Usai mengikuti factory tour, rombongan melanjutkan kunjungan ke kawasan agrowisata dan konservasi Sido Muncul pada pukul 14.45 WIB. Peserta diajak melihat kawasan konservasi seluas kurang lebih tiga hektare yang menjadi tempat berbagai tanaman obat dan tanaman langka. Selain itu, peserta juga berkesempatan melihat area penangkaran satwa yang terdapat di kawasan tersebut.
Kegiatan dilanjutkan dengan sesi diskusi pada pukul 15.15 WIB. Dalam sesi ini, peserta KSPM Walisongo berkesempatan mengajukan pertanyaan dan berdiskusi mengenai berbagai hal yang telah diamati selama kunjungan. Bu Meli dan Bu Nia turut mendampingi sesi diskusi tersebut dengan memberikan penjelasan kepada peserta.
“Melalui kunjungan ini, kami tidak hanya mendapatkan wawasan mengenai proses produksi, tetapi juga dapat melihat secara langsung bagaimana sebuah perusahaan menjalankan kegiatan operasionalnya. Dan tidak lupa rasa terimakasih atas pengalan serta edukasi yang telah diberikan kepada seluruh angggota KSPM yang telah hadir” Sinta, Ketua KSPM Walisongo.
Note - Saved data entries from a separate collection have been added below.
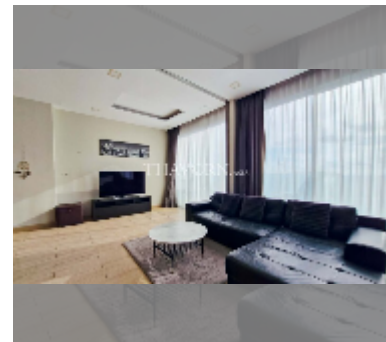

公寓 for rent 2间卧室 90 平方米 在 Cetus, Pattaya

฿ 50,000

UNIT PARAMETERS:

UID	FR-241019
类型	2间卧室
面积	90平方米
楼层	49
风景	海景
每月	60,000 THB
年合同	50,000 THB / month
security deposit	1 month
quality	good
equipment:	furniture, kitchen appliances, air conditioner, internet, television, washing-machine, refrigerator

PROJECT PARAMETERS:

地区	乔木提恩
楼房	2
楼层	49
交付年份	2014
服务	B 43,200/year

FACILITIES:

一般信息: 高楼, 米到海滩: 50, 分钟到海滩: 1, 多层停车场, 有盖停车场.

游泳池: 游泳池, 屋顶游泳池, 按摩浴缸.

寒冷地带: 花园, 屋顶上的休息区.

卫生区: 健身房, 桑拿.

其他: 接待, 大堂, 孩子们玩花园, 中央电视台, 安全.

Rangkaian kegiatan kemudian ditutup dengan foto bersama dan persiapan rombongan untuk meninggalkan lokasi. Sebagai buah tangan, pihak Sido Muncul memberikan produk PT Industri Jamu dan Farmasi Sido Muncul Tbk kepada rombongan KSPM Walisongo.
Kunjungan tersebut memberikan pengalaman pembelajaran di luar ruang kelas bagi anggota KSPM Walisongo. Selain mengenal proses produksi industri jamu dan farmasi, peserta memperoleh gambaran mengenai pengelolaan bahan baku, proses manufaktur, pengemasan, serta lingkungan perusahaan secara langsung.
Bagi KSPM Walisongo, kegiatan kunjungan perusahaan menjadi bagian dari upaya memperluas wawasan mahasiswa mengenai dunia usaha dan industri. Pengalaman tersebut diharapkan dapat memperkuat pemahaman anggota KSPM terhadap aktivitas perusahaan sekaligus menambah perspektif dalam mempelajari dunia pasar modal.
Kegiatan kunjungan pada Kamis (10/9/2026) berlangsung hingga pukul 15.30 WIB dan ditutup dengan sesi foto bersama. Kegiatan ini diharapkan dapat menjadi pengalaman edukatif yang bermanfaat serta mendorong pelaksanaan kegiatan serupa untuk mempertemukan pembelajaran akademik dengan praktik dunia industri secara langsung.